Prompt treatment with intravenous thiamine can reverse Wernicke encephalopathy. The
ocular abnormalities are the first manifestation to respond to therapy. The ataxia and the
encephalopathy may take days to weeks to resolve, and there may be permanent memory
and cognitive impairment [39]. All debilitated patients at risk for Wernicke encephalopathy
should receive adequate thiamine supplementation. (See "Wernicke encephalopathy",
section on 'Treatment' and "Wernicke encephalopathy", section on 'Prevention'.)

Hypoxic-ischemic encephalopathy — Hypoxic-ischemic encephalopathy is usually a

straightforward diagnosis that follows an obvious precipitating event such as cardiac arrest
with prolonged resuscitation efforts. Hypotension or hypoxemia may also lead to hypoxic-
ischemic encephalopathy that can mimic TME of other etiology [1,5,7]. The duration and
severity of hypoxia or hypotension and the patient's preexisting neurologic status determine
the magnitude of the neurologic insult [40-42]. (See "Prognosis and outcomes following
sudden cardiac arrest in adults" and "Cardiac evaluation of the survivor of sudden cardiac
arrest".)

Clinical findings range from subtle memory difficulties to coma.
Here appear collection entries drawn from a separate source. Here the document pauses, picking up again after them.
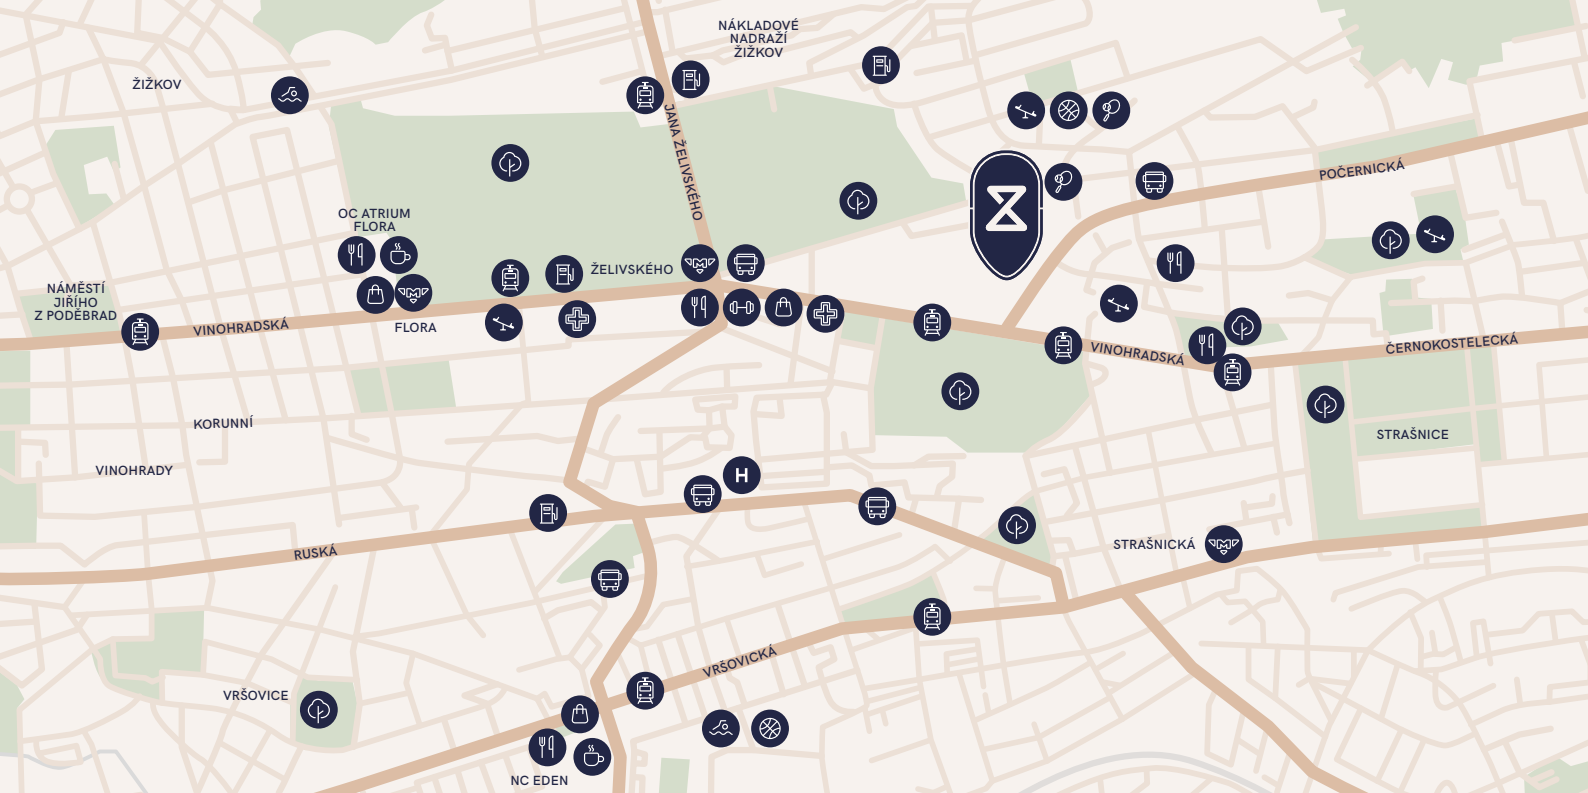

Rezidence Delta Hagibor

Praha 10

Komerční prostor k pronájmu

1. NP

97,4 m²

Základní popis prostoru:

Komerční prostor se nachází v přízemí budovy a nabízí vstup přímo z ulice. Prostor je vhodný jako gastro provozovna (například bistro, kavárna či vinárna), kosmetický salon, prodejna, prádelna, galerie, nebo jakákoliv menší provozovna. Díky své rozloze nabízí tento prostor širokou řadu využití a možností uzpůsobení prostoru tak, aby uspokojil i ty nejnáročnější klienty.

- | | | | | |
|---------|-----------------|------------|---------------|---------------|
| Metro | Čerpací stanice | Obchod | Dětské hřiště | Fitness |
| Tramvaj | Nemocnice | Restaurace | Park | Sportoviště |
| Autobus | Lékárna | Kavárna | Bazén | Tenisový kurt |
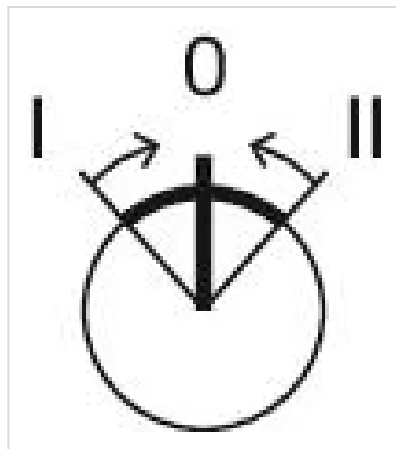

### MECHANISCHE KENNWERTE

<b>Schaltfunktion:</b>	Impuls - Ruhe - Impuls
<b>Schaltstufen:</b>	3 Stellungen
<b>Schaltwinkel:</b>	45° links / 45° rechts / -45° ... +45°
<b>Mechanische Lebensdauer:</b>	1 Mio. Schaltzyklen
<b>Schalhäufigkeit:</b>	1 800/h
<b>Gewicht:</b>	0.051 kg

## WEITERE

<b>Kurzbeschreibung:</b>	Vorsatz, Ø 22,3 mm, Ø 29,5 mm, optional ausleuchtbar, Grün, kurz, rund, Silber, Metall, Impuls - Ruhe - Impuls, IP66, IP67, IP69K
<b>Gehäuse Material:</b>	Metall
<b>Hinweise:</b>	Aussendurchmesser des kurzen Hebels 32,3 mm
<b>Schaltstellungen:</b>	
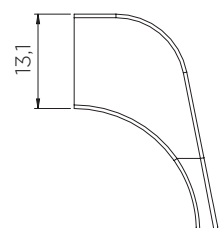

LOOP

РУЧКА СКОБА

Артикул	Розмір (Д x Ш x В)	Покриття	М/о	Упаковка
фп411220225-66	225 x 25 x 16 мм	Нержавіюча сталь	128/160/192	50
фп411220375-66.1	375 x 25 x 16 мм	Нержавіюча сталь	128/330	50
фп4112201125-66	1125 x 25 x 16 мм	Нержавіюча сталь	128/1065/1080	50

FRINGE

РУЧКА СКОБА

Артикул	Розмір (Д х Ш х В)	Покриття	М/о	Упаковка
фп442220160-76	170 x 30,4 x 25 мм	Чорний браш	160	50
фп442220160-31	170 x 30,4 x 25 мм	Золото браш	160	50

FALL

РУЧКА СКОБА

Артикул	Розмір (Д x Ш x В)	Покриття	М/о	Упаковка
фп434320016-66	28 x 19,9 x 30 мм	Нержавіюча сталь	16	50
фп434320128-66	140 x 19,9 x 30 мм	Нержавіюча сталь	128	50
фп434320224-66	236 x 19,9 x 30 мм	Нержавіюча сталь	224	50
фп434320016-76	28 x 19,9 x 30 мм	Чорний браш	16	50
фп434320128-76	140 x 19,9 x 30 мм	Чорний браш	128	50
фп434320224-76	236 x 19,9 x 30 мм	Чорний браш	224	50

CUBICO

РУЧКА СКОБА

Артикул	Розмір (Д х Ш х В)	Покриття	М/о	Упаковка
фп518660192-9005	201 x 15 x 32,5 мм	Чорний мат.	192	50
фп518660192-66*	201 x 15 x 32,5 мм	Нержавіюча сталь	192	50

* ручки під замовлення кратно упаковки

SCOPE

РУЧКА СКОБА ТА РУЧКА КНОПКА

Артикул	Розмір (Д x Ш x В)	Покриття	М/о	Упаковка
фп543060160-9005	176 x 16 x 36 мм	Чорний мат.	160	50
фп543060016-9005	Ø 16 x 30 x 20 мм	Чорний мат.		50

PILLAR

РУЧКА СКОБА ТА РУЧКА КНОПКА
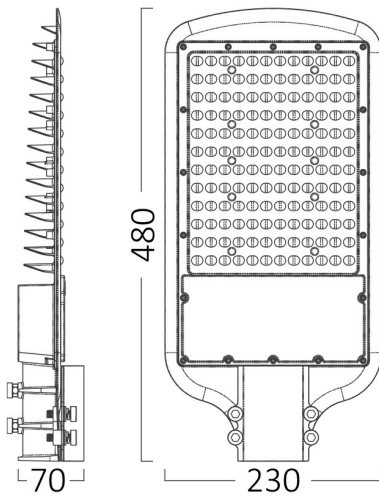

## PRODUCT DATASHEET

MODEL NO BT42-89132

DESCRIPTION BRY-ST83-100W-GRY-6500K-IP66-LED STREET LIGHT

IP66

Luminare is intended to use in outdoor applications

BRAYTRON SRL

Bulavardul iuliu maniu, Nr.616, Sector 6, 061129, Bucuresti-ROMANIA

### Package Informations

N.W.	:	7,40 kgs
G.W.	:	10,00 kgs
PCS/CTN	:	4 pcs
Length	:	500 mm
Width	:	265 mm
Height	:	255 mm
EAN	:	5949097709074

### Dimensions & Weight

P. Length	:	480 mm
P. Width	:	230 mm
P. Height	:	47 mm
Weight	:	1850 gr
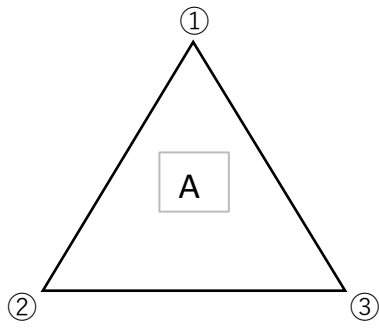

男子の部

- ① 龍櫻クラブ
- ② 香川アンフィニクラブ
- ③ ラポールMITOYO

- ④ W I N S
- ⑤ 高松ROCKS
- ⑥ 絆' j r

龍櫻 21-19 アンフィニ
21-12

WINS 21-8 ROCKS
21-4

龍櫻 21-15 ラポール
21-12

WINS 12-21 絆'
15-21

アンフィニ 21-14 ラポール
21-15
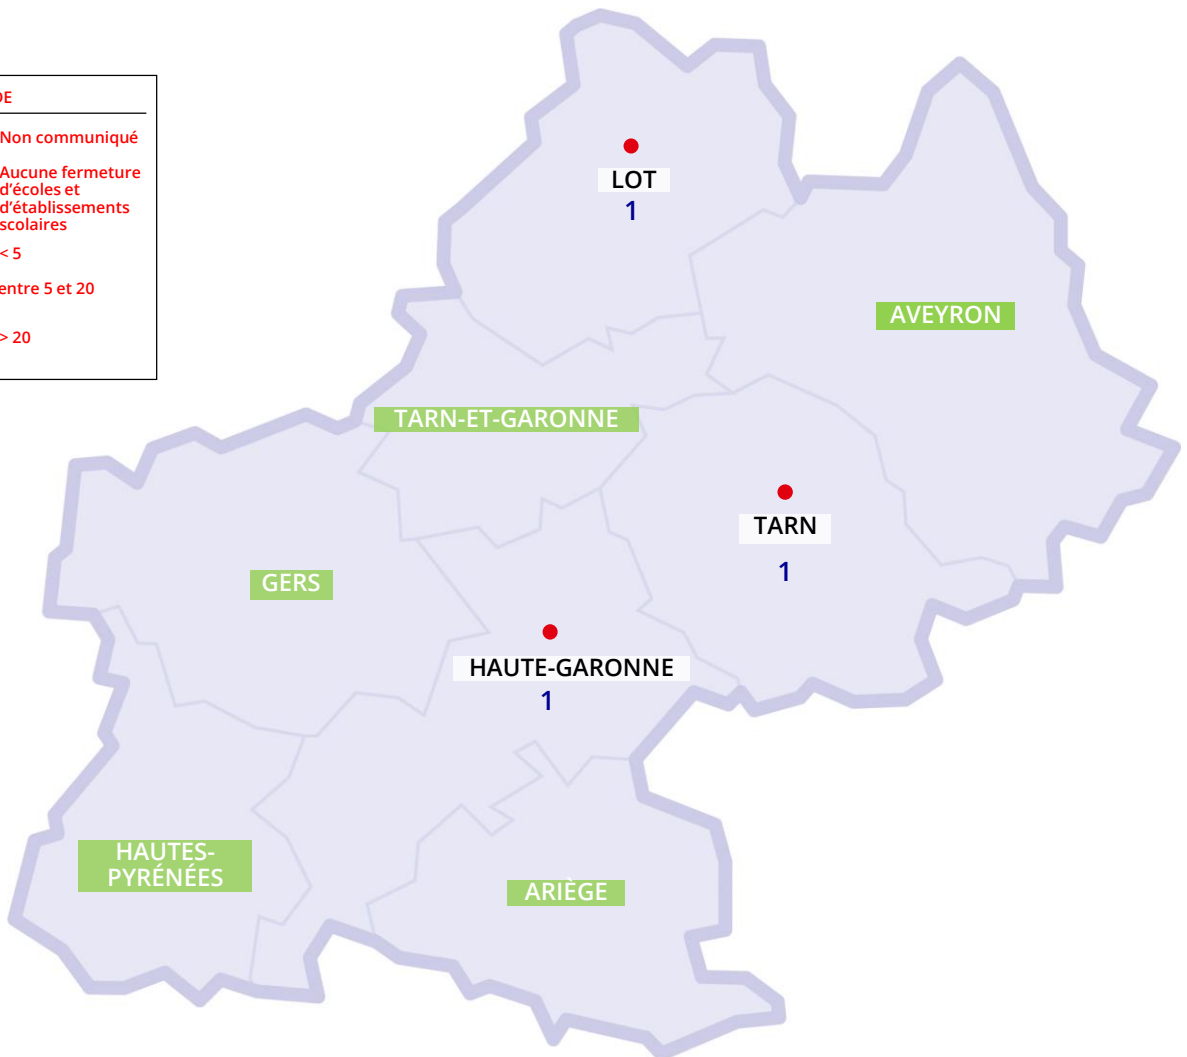

Tests salivaires pour les élèves et personnels du lundi 15/11 au lundi 22/11/ 2021

10 130 tests Covid proposés

7 622 tests réalisés

Retrouvez toutes les données officielles :

<https://dashboard.covid19.data.gouv.fr/suivi-vaccination?location=FRA>

**ACADÉMIE
DE TOULOUSE**

*Liberté
Égalité
Fraternité*

COVID-19

COMMUNIQUÉ DE PRESSE DU VENDREDI 3 DECEMBRE 2021

FERMETURES D'ÉCOLES ET ÉTABLISSEMENTS SCOLAIRES PAR DÉPARTEMENT

Données arrêtées au jeudi à 13 h

**ACADÉMIE
DE TOULOUSE**

*Liberté
Égalité
Fraternité*

COVID-19

COMMUNIQUÉ DE PRESSE DU VENDREDI 3 DECEMBRE 2021
FERMETURES DE CLASSES PAR DÉPARTEMENT
Données arrêtées au jeudi à 13 h

COMMUNIQUÉ DE PRESSE DU VENDREDI 3 DECEMBRE 2021

When patients awaken from
coma, anterograde and retrograde amnesia and global confusion may be apparent,
resembling the amnestic syndrome seen in Korsakoff's psychosis [7]. Other common clinical
findings include cortical blindness, myoclonus, seizures, cerebellar ataxia, akinetic-rigid
syndromes, and bilateral arm weakness due to watershed-territory infarctions (man in a
barrel syndrome) [5-7]. In comatose patients, the presence of the pupillary light reflex, flexor
or extensor responses, and conjugate or orienting eye movements on initial examination
may be used to identify patients with a better prognosis [40,41]. (See "Hypoxic-ischemic
brain injury in adults: Evaluation and prognosis".)

Post-transplantation encephalopathy — Encephalopathy following transplantation may be

due to underlying conditions, operative procedures, immunosuppressive medications,
cranial radiation, or opportunistic infections.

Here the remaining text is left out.